The Audience is Your Acting PartnerIt has been proven scientifically that as we sit in the audience together, our hearts are literally beating at the same time. That synchronization and synchronicity is one of the keys to the audience relationship. All these people are breathing together, but at the same time, they are not focused on themselves or each other. They are focused on the performer. The sensation is palpable. When you stand on the stage and open your arms, you can actually feel the energy of the people in the room. It is an awesome power. And with that great power comes great responsibility.

Together, the audience becomes your acting partner. You might think that your acting partner is the other musicians onstage, but they are your accompanists, and so they are your musical partners, but not your acting partners. In terms of theatrical dynamics, they are part of you. That’s why in early rehearsal you face them—as you’re working out the music. But as you get closer to performance, you’re facing away from them because they’re part of your performance for the audience—as much a part of you as your costume, your song choices, your patter.

“If environmental theater seeks to immerse the audience in the performance, the cabaret poses the much more daunting situation of immersing the performance in the audience.”—Shane Vogel**

Now not every audience is an ideal audience, and no two audiences are exactly alike, which is one of the reasons that no two live performances are exactly alike.

Audiences Can be Divided into Three Categories Two Different Ways: The first is by attitude; that is, they can be friendly, apathetic, or hostile.

Friendly audiences are predisposed to listening, caring about what you’re doing, and appreciating what you have to offer. They are easy to be with, and ready to let you take them anywhere.

Apathetic audiences may be more interested in eating or drinking, talking with their friends, or just waiting their turn to be the center of attention themselves. With an apathetic audience, you may need to woo them, or use one or more of your most endearing qualities to win them over. It may be the warm, lush sound of your voice, or your elegance, or your daring. It may be a song they know well, or something that’s a complete surprise, or a wicked joke.

Hostile audience members are those that are actually against you, maybe even shout out things. You see this most with comedians, but not exclusively. Particularly when alcohol is involved, you never quite know what you’re going to get with an audience. Hostile audience members are most often not your fault, but they are your responsibility, and how you choose to deal with them may shift them or not, but if you deal with it well it will get the rest of the audience even more with you.

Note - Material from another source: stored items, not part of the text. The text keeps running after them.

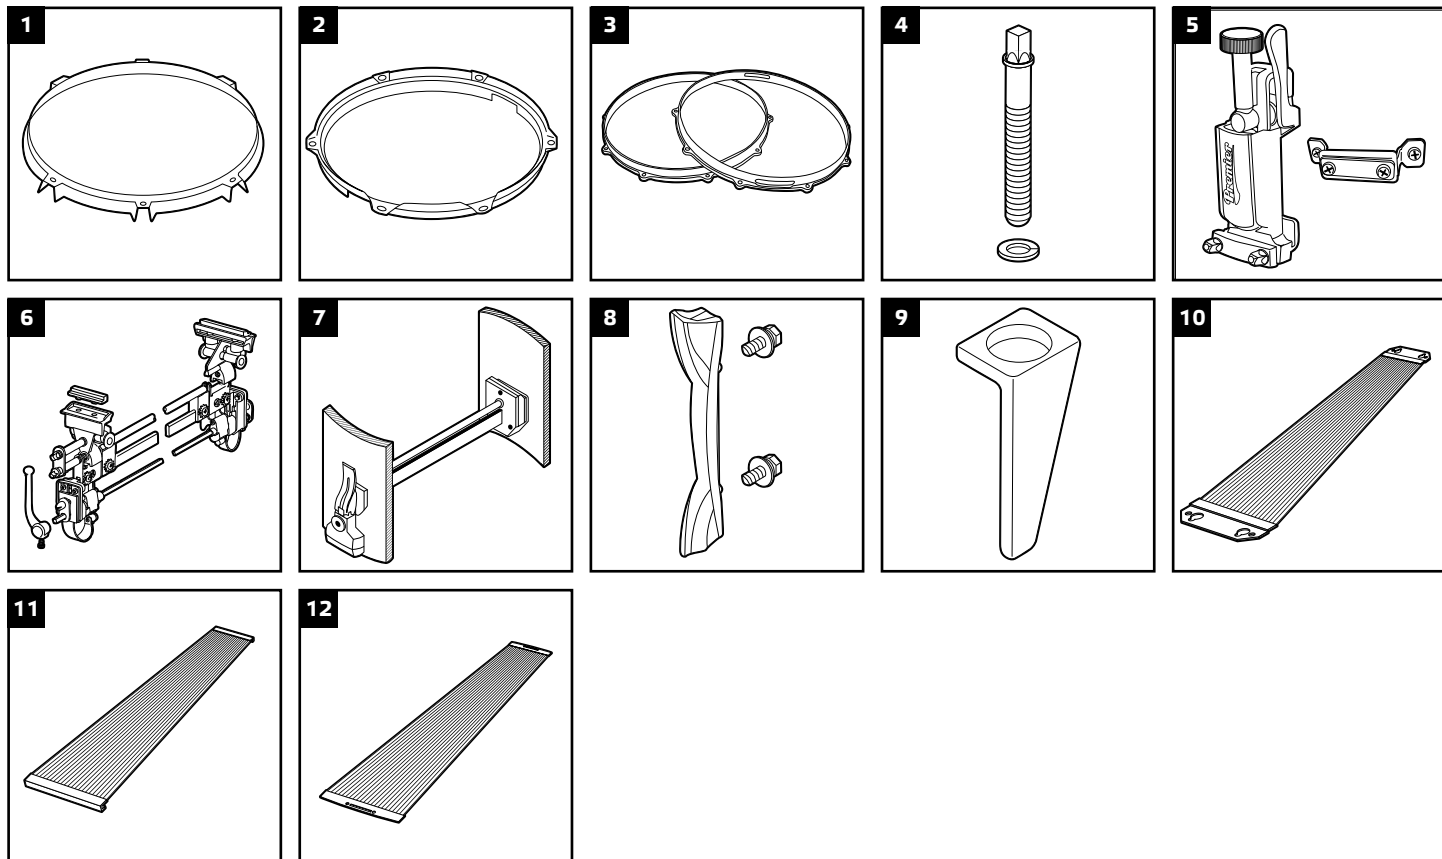

## Snare Drums

Ref.	Part Number	Description	Quantity per Pack
1	<b>2501/14/08</b>	14" 8-Lug Steel Hoop   Top, Triple Flange	1
2	<b>2501/14/08S</b>	14" 8-Lug Snare Steel Hoop   Bottom, Triple Flange	1
3	<b>0764/08S</b>	14" 8-Lug Die-cast Hoops   Batter and Snare Hoops	1
4	<b>043075</b>	50mm Tension Bolt	5
	<b>043115</b>	75mm Tension Bolt	5
5	<b>0635</b>	Marching Snare Strainer	1
6	<b>40/60</b>	Traditional Top Snare Strainer	1
7	<b>1/100</b>	Parallel Action Snare Strainer	1
8	<b>121MSD</b>	Marching Snare/Tenor Lug   2 Point Fixing	2
9	<b>1903</b>	Basic Carry Hook	5
10	<b>0655</b>	Parallel Action Snare Wire   For use with 1/100 Parallel Action Snare Strainer (2074)	1
11	<b>0652</b>	Traditional Top Snare Wire   For use with 40/60 Traditional Top Snare Strainer (1049-5)	1
12	<b>0646</b>	Traditional Bottom Snare Wire   For use with 0635 Marching Snare Strainer (1047, 1049 & 1049-5)	1
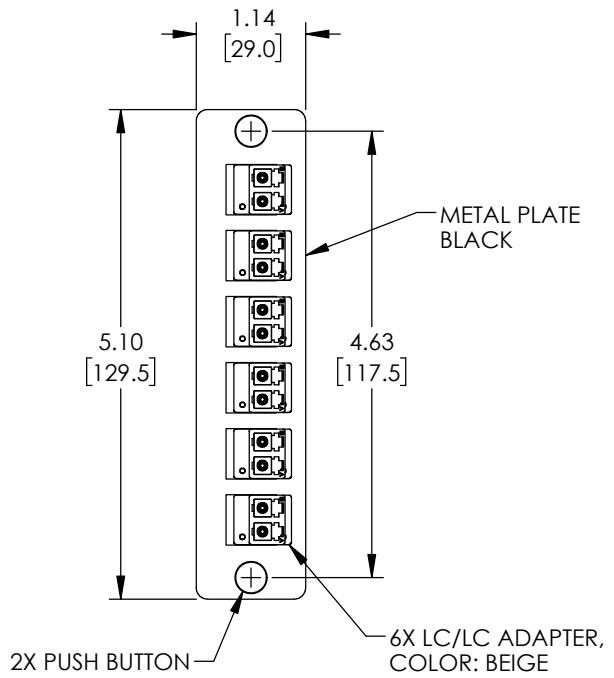

FIBER #	FIBER COLOR
1	BLUE
2	ORANGE
3	GREEN
4	BROWN
5	SLATE
6	WHITE
7	RED
8	BLACK
9	YELLOW
10	VIOLET
11	ROSE
12	AQUA

**NOTES:**

- LC CONNECTOR ASSEMBLY POLISH TYPE: PC
- ALL ADAPTERS ACCOMPANIED WITH A DUST CAP INSTALLED (NOT SHOWN).
- CABLE ASSEMBLY SHALL BE INDIVIDUALLY PACKAGED IN ACCORDANCE WITH L-COM SPECIFICATION PS-0031.

UNLESS OTHERWISE SPECIFIED, DIMENSIONS ARE IN INCHES [mm] OVERALL CABLE LENGTH TOLERANCE: ≤12 [305] = +1 [25] / -0 >12 [305] ≤60 [1524] = +2 [51] / -0 >60 [1524] ≤120 [3048] = +4 [102] / -0 >120 [3048] ≤300 [7620] = +6 [152] / -0 >300 [7620] = +5% / -0 ALL OTHER DIMENSIONAL TOLERANCES: .X = ± .2 [5]   FRACTIONS ± 1/32 .XX = ± .02 [5]   ANGLES ± 1° .XXX = ± .005 [13]	APPROVALS DRAWN BY DFRISIELLO CHECKED BY PHOSPODAR APPROVED BY PHOSPODAR	DATE 07/09/2020 07/09/2020 07/09/2020	50 High Street, West Mill, North Andover, MA 01845 USA. Phone: 1.800.341.5266 1.978.682.6936
	CONFIGURATION DETAILS OF UNDIMENSIONED FEATURES MAY VARY COLOR VARIATIONS MAY OCCUR		
THIRD-ANGLE PROJECTION 		PRODUCT DESCRIPTION <b>Six-Pack Duplex Adapters, LC/PC 12 Fiber Pigtails, 50/125μm, Black</b>	SCALE: NONE   CAD FILE: FSP12-LCM2-BL.SLDDRW   SHEET 1 OF 1
		SIZE <b>A</b>   CAGE CODE <b>43321</b>   ITEM NO. <b>FSP12-LCM2-BL</b>   REV. <b>A</b>	
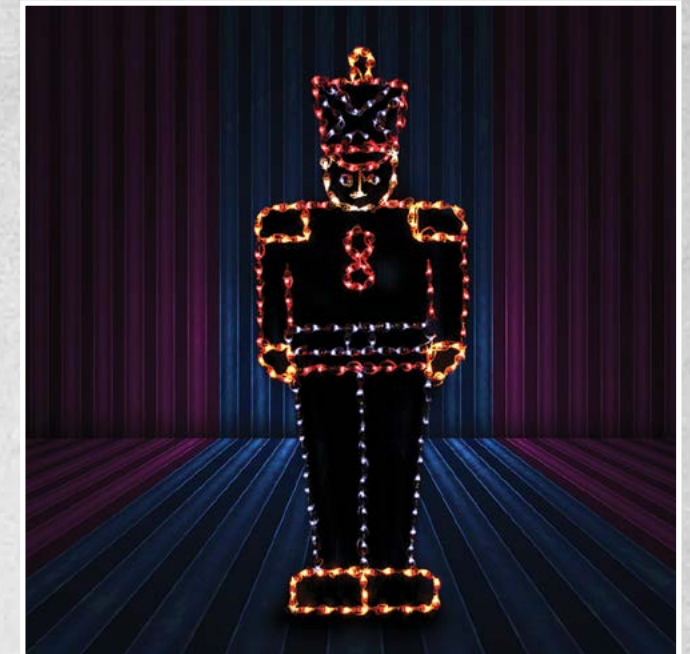

TOY SOLDIER

Particularly appealing to children, this toy soldier is an enchanting display on it's own or as an integral part of a holiday lighting theme. Best combined with Gift Box LightLinks and Starbursts.
CL-TYS-200 72" HEIGHT 200 LIGHTS
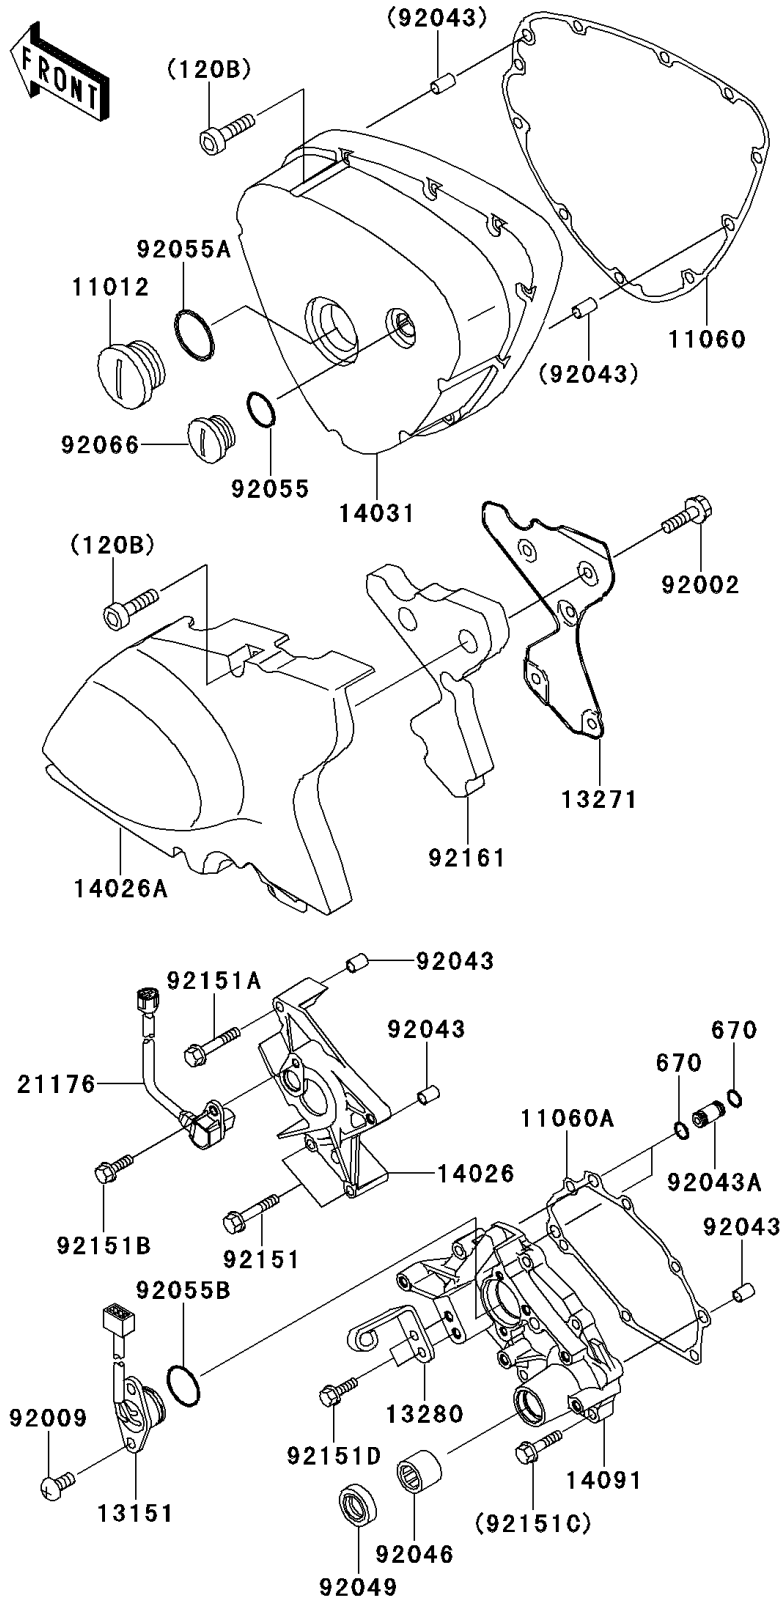

2000 W650 PARTS DIAGRAM

Left Engine Cover(s)

2000 W650 PARTS LIST

Left Engine Cover(s)

ITEM NAME	PART NUMBER	QUANTITY
BOLT-SOCKET (Ref # 120)	120R0616	1
BOLT-SOCKET (Ref # 120A)	120R0625	1
BOLT-SOCKET (Ref # 120B)	120R0635	8
BOLT-SOCKET,6X40 (Ref # 120C)	120R0640	1
BOLT-SOCKET (Ref # 120D)	120R0645	2
BOLT-SOCKET (Ref # 120E)	120R0650	1
O RING (Ref # 670)	670D1505	4
CAP,GENERATOR (Ref # 11012)	11012-1817	1
GASKET,GENERATOR COVER (Ref # 11060)	11060-1892	1
GASKET,TRANSMISSION COVER (Ref # 11060A)	11060-1893	1
SWITCH-COMP (Ref # 13151)	13151-1089	1
PLATE,SOUND ARRESTOR (Ref # 13271)	13271-1223	1
HOLDER,CLUTCH CABLE (Ref # 13280)	13280-1109	1
COVER-CHAIN,INSIDE (Ref # 14026)	14026-1261	1
COVER-CHAIN (Ref # 14026A)	14026-1263	1
COVER-GENERATOR (Ref # 14031)	14031-1366	1
COVER,TRANSMISSION (Ref # 14091)	14091-1084	1
SENSOR (Ref # 21176)	21176-1090	1
BOLT,6X10 (Ref # 92002)	92002-1541	5
SCREW,5X16 (Ref # 92009)	92009-1571	2
PIN,6.2X8X14 (Ref # 92043)	92043-1263	5
PIN (Ref # 92043A)	92043-1588	2
BEARING-NEEDLE,HK1312 (Ref # 92046)	92046-1148	1
SEAL-OIL,TC13225.5 (Ref # 92049)	92049-1519	1
RING-O (Ref # 92055)	92055-1146	1
RING-O,39.4X3.1 (Ref # 92055A)	92055-1618	1
RING-O,27.7X2.4 (Ref # 92055B)	92055-1619	1
PLUG (Ref # 92066)	92066-1397	1
BOLT,SOCKET,6X35 (Ref # 92150)	92150-1887	2

2000 W650 PARTS LIST

Left Engine Cover(s)

ITEM NAME	PART NUMBER	QUANTITY
BOLT,6X40 (Ref # 92151)	92151-1131	2
BOLT,6X50 (Ref # 92151A)	92151-1234	1
BOLT,5X12 (Ref # 92151B)	92151-1249	1
BOLT,6X25 (Ref # 92151C)	92151-1640	4
BOLT,6X16 (Ref # 92151D)	92151-1644	2
BOLT,6X35 (Ref # 92151E)	92151-1646	2
DAMPER,SOUND ARRESTOR (Ref # 92161)	92161-1052	1
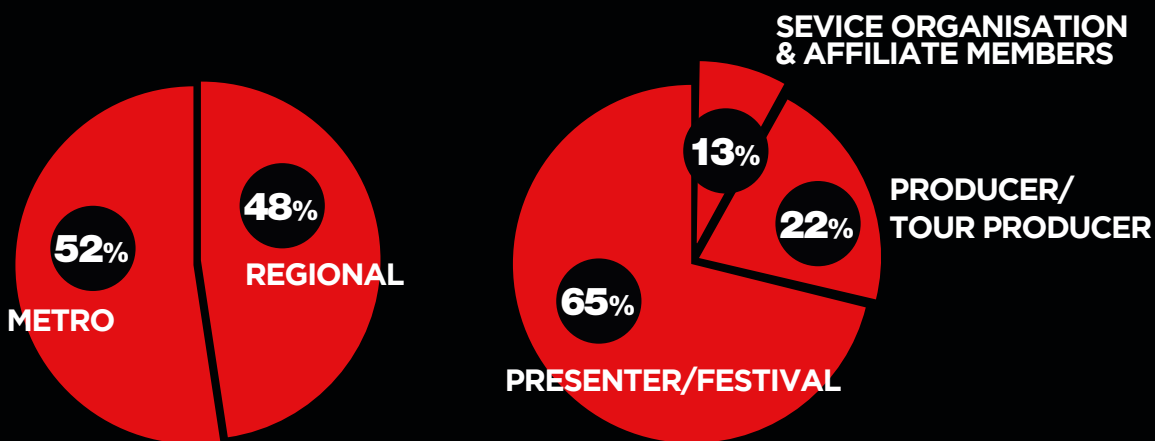

Who are we?

Our members comprise a broad group of performing arts professionals: presenters, producers, artists, funders, festivals, peak bodies and professional consultants; regional, metro, small and large.

The second way of categorizing the audience is by degree of previous knowledge; that is, they can be a) experts;  b) somewhat experienced;  or c) completely uninformed. Knowing who your audience is and how experienced they are will go a long way to your feeling assurance in the choices you make and how much you can expect of them. You may need to make adjustments for a more or less knowledgeable audience. Sometimes it can even inspire you to have audience members answer questions for you or sing along with a song they all know.

Although there are numerous ways to categorize groups of people, these two ways can be the most helpful when trying to plan in advance for what any specific audience might be like. Factor in not just who might be coming, but what kind of seating the venue has, and where the performance space is in relation to the bar or to any open spaces where non-audience members might congregate. All of these will affect who your audience is, and, therefore, your performance.

Most often in cabaret, audiences are people who have been to many shows and are experienced, if not expert, in the art of being an audience member. Therefore, they are usually friendly and eager to become your acting partner as long as you are truly open to their energy and you take them in as much as you give to them.

It is impossible to have a conversation if you are only thinking about yourself and what you are saying and doing. If you are only giving out and not taking in, you will lose the opportunity to continue to develop your ability to have that conversation with each new audience. This is one of the most vital components of cabaret artistry.

Single-Spot Songs Can Still Be Shared—Some songs are not sung directly to the audience. Sometimes the audience bears witness to a moment in your show that is to one other person. I don’t mean an actual person sitting in the audience, which can be painfully embarrassing for the person being “sung to” and equally-painfully alienating for everyone else. I mean songs that are directed to one spot, to one person with whom you’re speaking, usually a song that is so intimate, filled with emotion—desire, hurt, or anger—that you would never want to put it on the audience even if it was about them.

These single-spot songs should usually be sung to an imaginary person who is beyond your audience but not too much higher up than them. Why? If your imaginary person is beyond the audience, everyone feels included in your energy. But if you put that imaginary person up too high on the wall, all we see is under your chin and your neck. Your energy is, literally, over our heads.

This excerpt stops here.